Other changes are more symbolic and speak to the relationship between a superstar and the team or a superstar and the league. In the early 1980s, the NBA’s “51 percent rule” dictated that an athlete’s shoes must be mostly white and complement his team’s jersey — players were not to call attention to their feet. In February 1985, an executive vice-president from New York sent a terse letter to an upstart sporting goods company in Oregon: “This will confirm and verify that the National Basketball Association’s rules and procedures prohibited the wearing of certain red and black NIKE shoes by Chicago Bulls player Michael Jordan on or around October 18, 1984.”

Those “banned” sneakers became the stuff of legend and launched an empire that’s now worth billions. When the NBA finally updated its antiquated sumptuary law, the culture of the court, to say nothing of the culture of the street, was forever transformed.

Change is never easy, of course, and even the most minute of proposed tweaks in the arena of play is subjected to endless discussion and prognostication among journalists and armchair quarterbacks. Unfortunately, things can be quite different in the arena of Canadian politics, as was recently demonstrated by the government’s unprecedented attempt to sue the Speaker of the House and the relative silence among the ­chattering classes.

Before Parliament was dissolved on August 15, opposition parties had joined together and demanded to see a cache of papers from the Public Health Agency of Canada: roughly 250 pages of unredacted material that might shed light on the firing of two scientists from the National Microbiology Laboratory, in Winnipeg, in January 2021. The government argued that the release of these documents could be “injurious to international relations or national defence or national security.” In an attempt to fight the Commons order, the attorney general decided to take the Speaker, one of the government’s own MPs, to the Federal Court.

Traditionally, the House has sole jurisdiction over its own affairs. This section of the political rulebook can trace its origins back to 1641, when Charles I got into a rhubarb with William Lenthall. “May it please Your Majesty,” the long-time Speaker told the king, who had just barged into the Commons chamber with an armed force behind him, “I have neither eyes to see, nor tongue to speak in this place, but as the House is pleased to direct me, whose servant I am here.”

Our government’s move against our Speaker, then, was an extraordinary attempt to rewrite the rules of this country. That may be fine, possibly necessary. Perhaps Ottawa has good reason to keep certain documents secret, even from MPs, and perhaps a 380-year-old precedent needs a bit of modernizing.
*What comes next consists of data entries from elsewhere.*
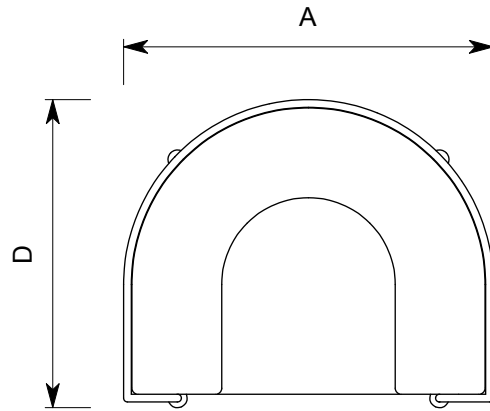

# Gaspard Armchair

Plan

A Overall Armchair width	122cm	164.5"
B Overall Armchair height	71cm	28"
C Seat height	41cm	16.1"
D Overall Armchair depth	102cm	40.2"

Front Elevation

Side Elevation

What’s not fine, though, is a dearth of mainstream media attention when dramatic and potentially transformational ­changes to our constitutional system are on the table.

Two days after the prime minister visited Rideau Hall and launched the 2021 election, the government filed a notice of discontinuance with the Federal Court, but the questions its aborted suit raised are anything but moot. Is the House of Commons, in fact, supreme? Does it have unfettered power to demand whatever piece of paper it sees fit to read? Or can a rebuffed government simply ask the courts to intervene?

Regardless of who takes power this fall or in future elections, such questions will come up again. When they do, and even if the answers are arcane, they deserve nothing less than the level of attention our punditry and click-based newsrooms give to the niceties of other games.

Kyle Wyatt is the editor-in-chief of the Literary Review of Canada.